Добавить в цитаты Настройки чтения

Страница 78 из 102

Андреев после смерти Сталина не вернулся к работе в составе команды; он был единственным из живых членов команды, которого в марте 1953 года не включили ни в состав правительства, ни в Президиум[811]. Обеспокоенный гражданин из Пензы спрашивал, «почему [он] не в Президиуме?»[812]. Ясного ответа на этот вопрос не было. Возможно, проблема была в его глухоте, а возможно, новое руководство считало его слишком старорежимным сталинистом. В 1955 году Ворошиловы, Кагановичи и Булганины пришли поздравить его с шестидесятилетием. Как отметила в своем дневнике Екатерина Ворошилова, это было особенно трогательно, потому что «отчасти из-за состояния здоровья, а возможно, и по другим причинам Андрей Андреевич не мог уже так много работать»[813]. Все же ему оказали прощальный знак внимания, добавив его имя, явно уже позднее, к списку выдающихся деятелей, составленному к XX съезду партии, который состоялся в следующем году[814].

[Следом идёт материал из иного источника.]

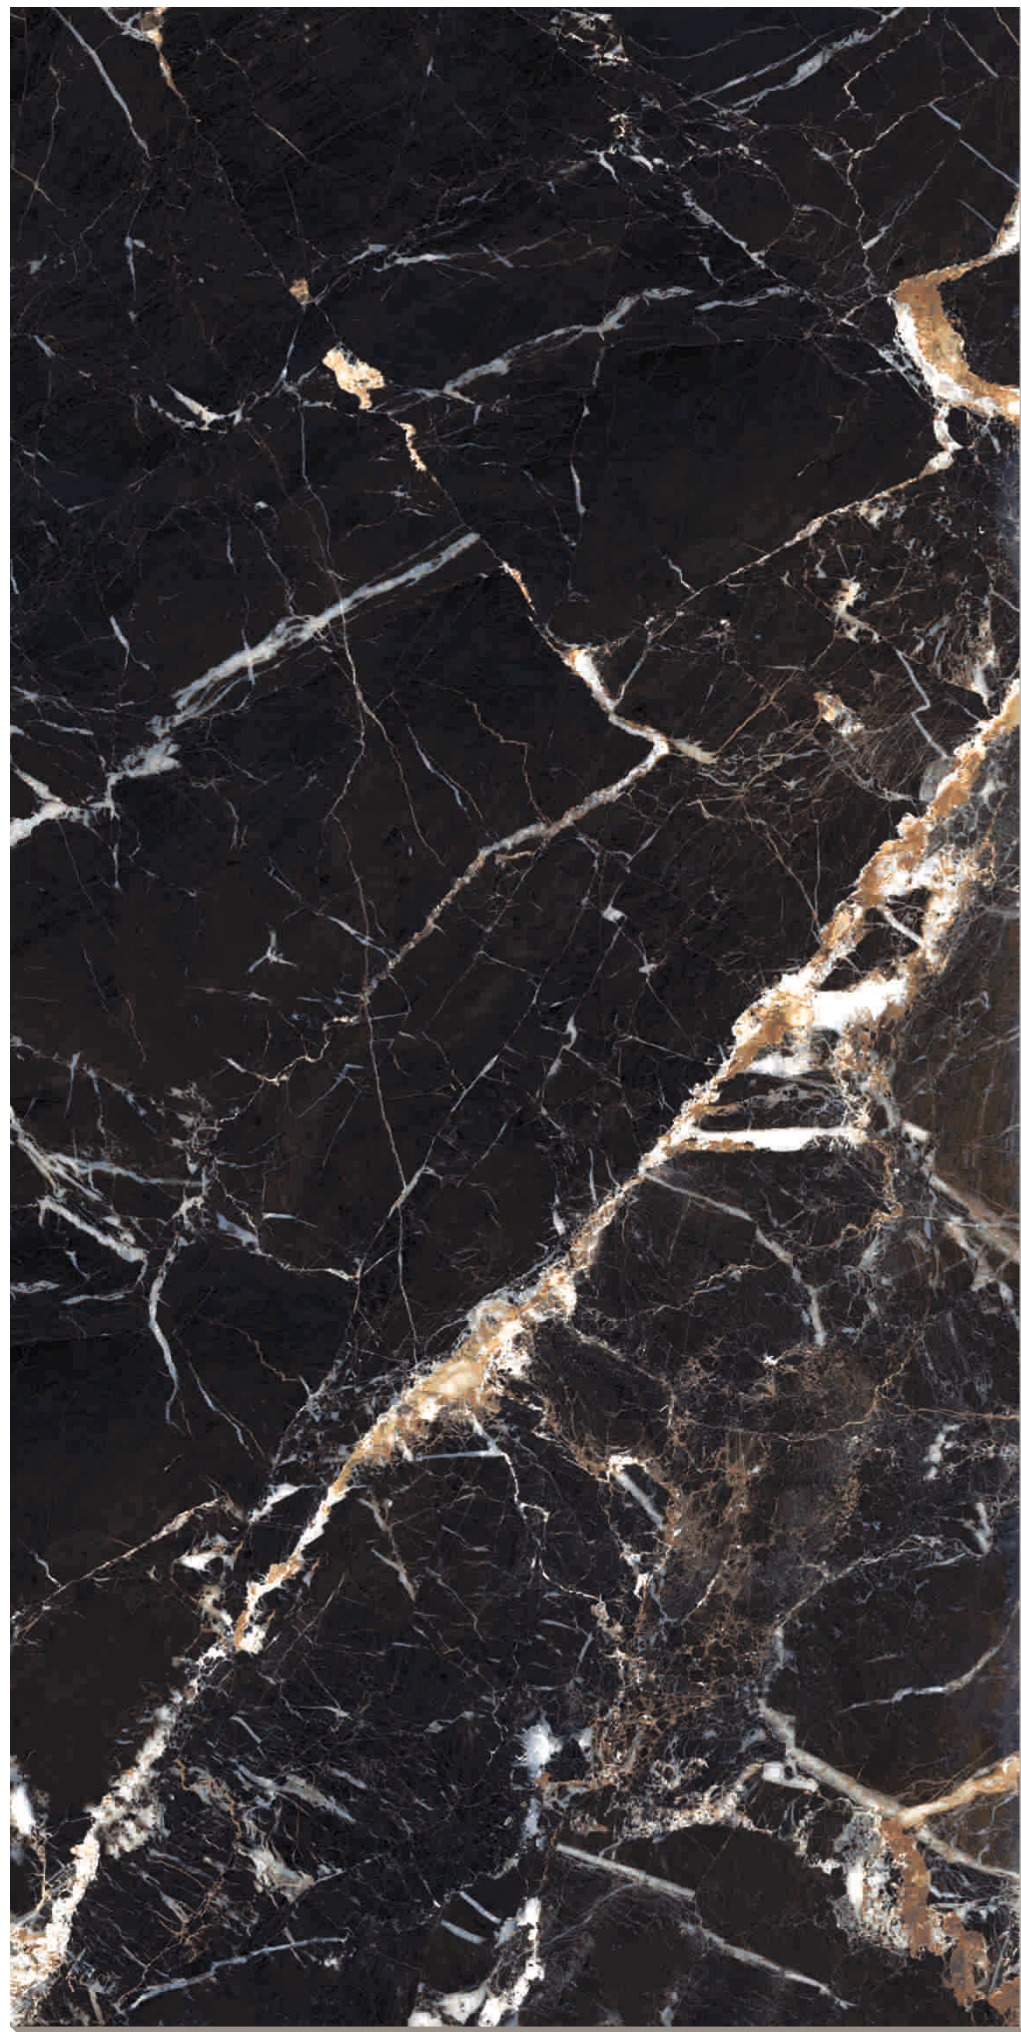

RANDOM 08

**KAISER
MINT**

Size
60x120cm

Finish
High Gloss

Thickness
8.8mm

TOUCH FOR
360°

**NEW
COLLECTION**

Preview of
Kaiser Mint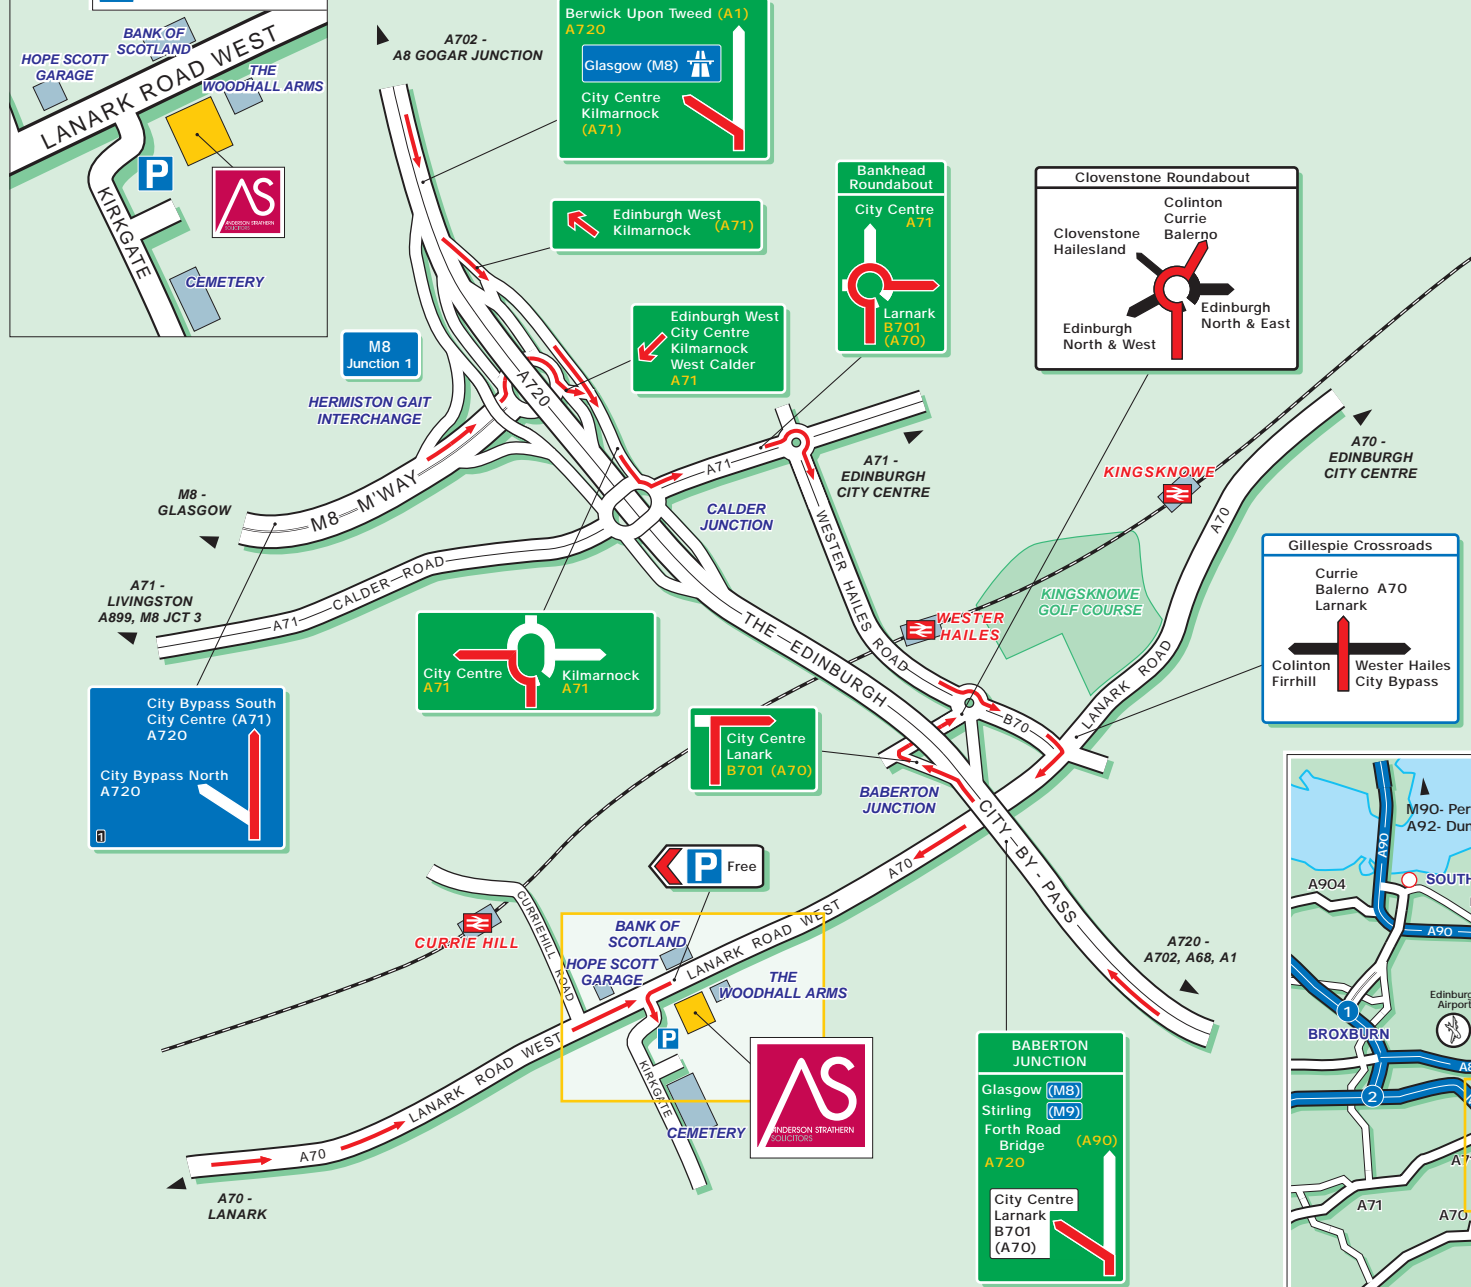

Section Detail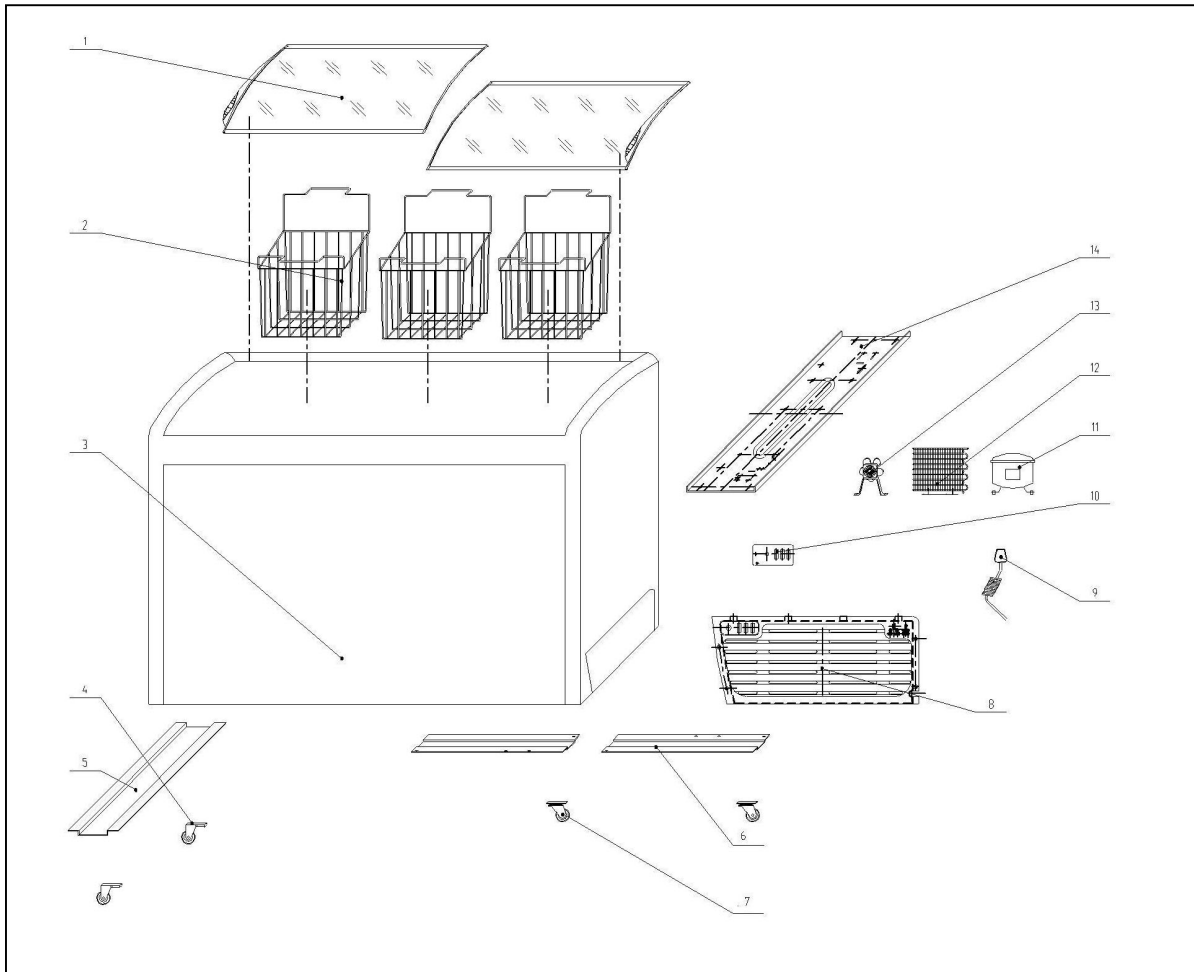

Technical Service Information

--Explore view

--Service part list

No in explode view	Part Name	Service part No
14	COMPRESSOR SUPPORT	MMFP001
13	COOLING FAN	MMFP002
11	MMF9109 COMPRESSOR	MMFP003
	MMF9112 COMPRESSOR	MMFP004
10	THERMOSTAT	MMFP005
9	PLUG SERIALS	MMFP006
8	SHUTTER	MMFP007
7	ALL DIRECTION CASTOR	MMFP008
4	ONE DIRECTION CASTOR	MMFP009
2	BASKET	MMFP010
1	MMF9109 GLASS DOOR	MMFP011
	MMF9112 GLASS DOOR	MMFP012
Not showed in view	DOOR LOCK KEY	MMFP013
	DOOR LOCK	MMFP014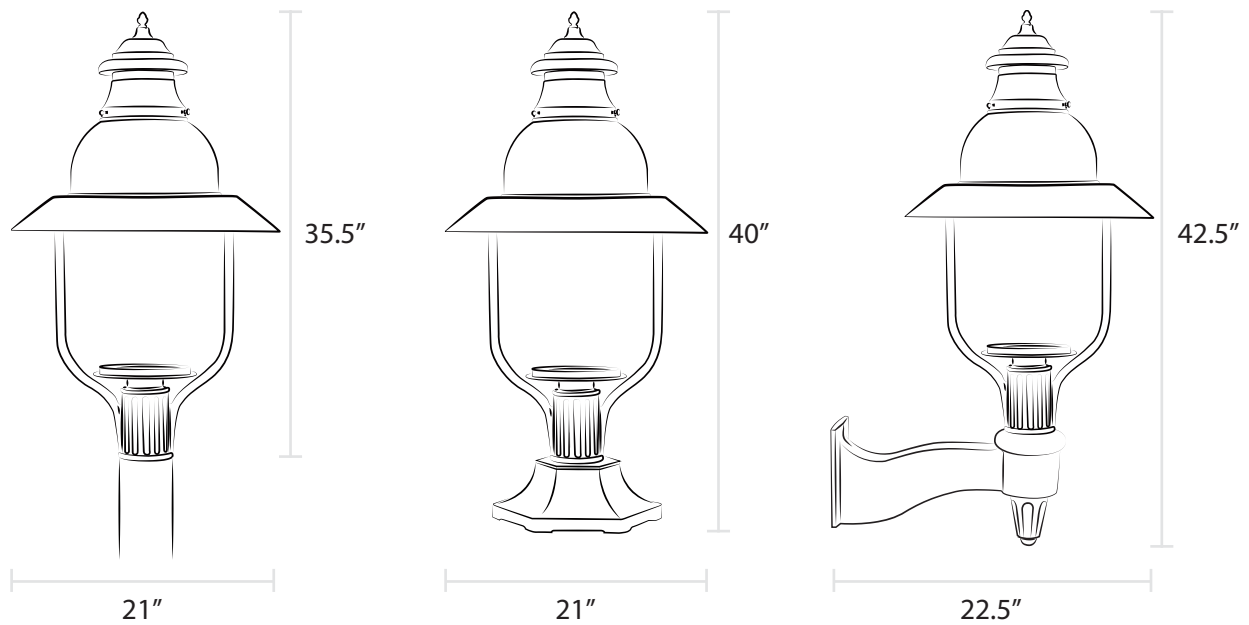

ESTATE

The Apollo

Model 4300

Classic lines blend with functionality to recall the industrial character of Victorian streetscapes. Our Apollo Lamp stands 36 inches tall and features a round globe for maximum illumination and visibility. When presented in a modern finish, the Apollo brings Retro-Industrial character to reclaimed commercial spaces and contemporary architecture.

Post Mount

Wall Mount

Pier Mount
*As shown with Powder
Coated Ventilator*

The Apollo

Product Overview:

- Sand cast aluminum
- CSA approved valve
- Globe available in clear glass, milk glass or polycarbonate
- Ventilator available in natural spun aluminum or powder finished aluminum

Installation Options:

- Post mount fits standard 3" outside diameter post
- For wall mount, combine with our Universal Bracket
- For pier mount, combine with our Large Six-Sided Pier Mount with 3" outside diameter stud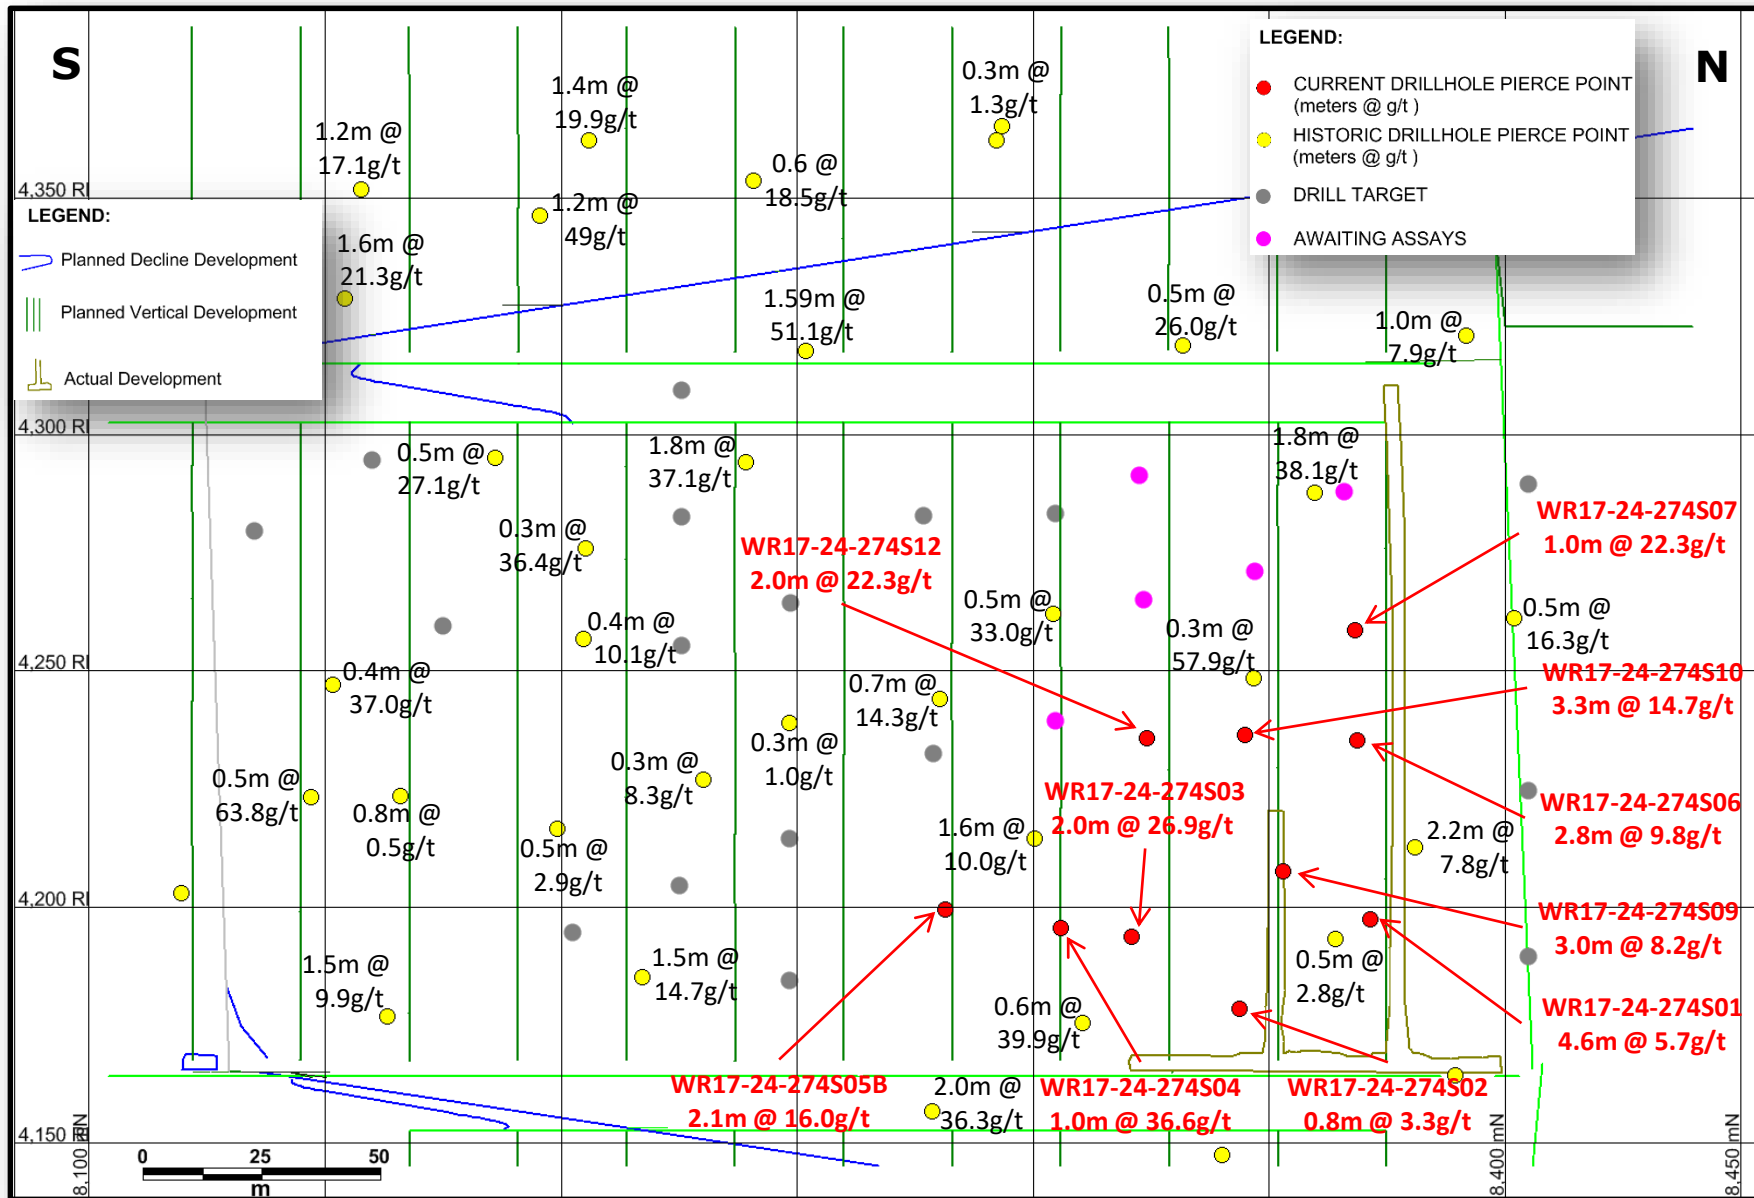

Prestea Underground West Reef Ore Body Long Section

Close up of recently drilled area within West Reef (4350-4150RL)

Close up of recently drilled area within West Reef (4300-4000RL)

Маленков, которого многие за рубежом считали возможным преемником Сталина, был, похоже, вполне доволен работой в составе коллектива. Сын Хрущева Сергей позже сформулировал это как недостаток: Маленков «никогда ничем не руководил, он всегда служил при ком-то»[815]: сначала Сталину, потом Берии, а затем Хрущеву, не говоря уже о том, что дома им управляла волевая жена Валерия. Человеком, который, напротив, инстинктивно чувствовал, что у него есть задатки лидера, был отец Сергея, Никита Хрущев. Хрущев не был доволен растущей популярностью Маленкова, которого любили за то, что он облегчил экономическое бремя крестьянства и добился увеличения производства потребительских товаров для жителей городов. На второй год после смерти Сталина напряженность в отношениях между Маленковым и Хрущевым усилилась. Личные отношения, которые раньше были хорошими, ухудшились из-за оскорбительного, снисходительного тона, с которым Хрущев теперь разговаривал с Маленковым, что вызывало неловкость даже у его собственной жены и сына. Конфликт между ними, главным образом инициированный Хрущевым, чувствовался не только в Президиуме, но и мог быть угадан внимательными читателями газет, поскольку Хрущев начал публично противоречить Маленкову по таким вопросам, как ядерная война (Маленков считал, что она немыслима, а по мнению Хрущева, социалистический блок сможет в ней выжить), хотя имя Маленкова при этом публично не упоминалось. Молотов и Каганович, которые не любили Маленкова, подозревали его в отсутствии преданности идеям социализма и считали, что Хрущев — лучший социалист, пусть у него и не такие хорошие манеры. Они поддерживали этот конфликт, склоняясь в пользу Хрущева[816].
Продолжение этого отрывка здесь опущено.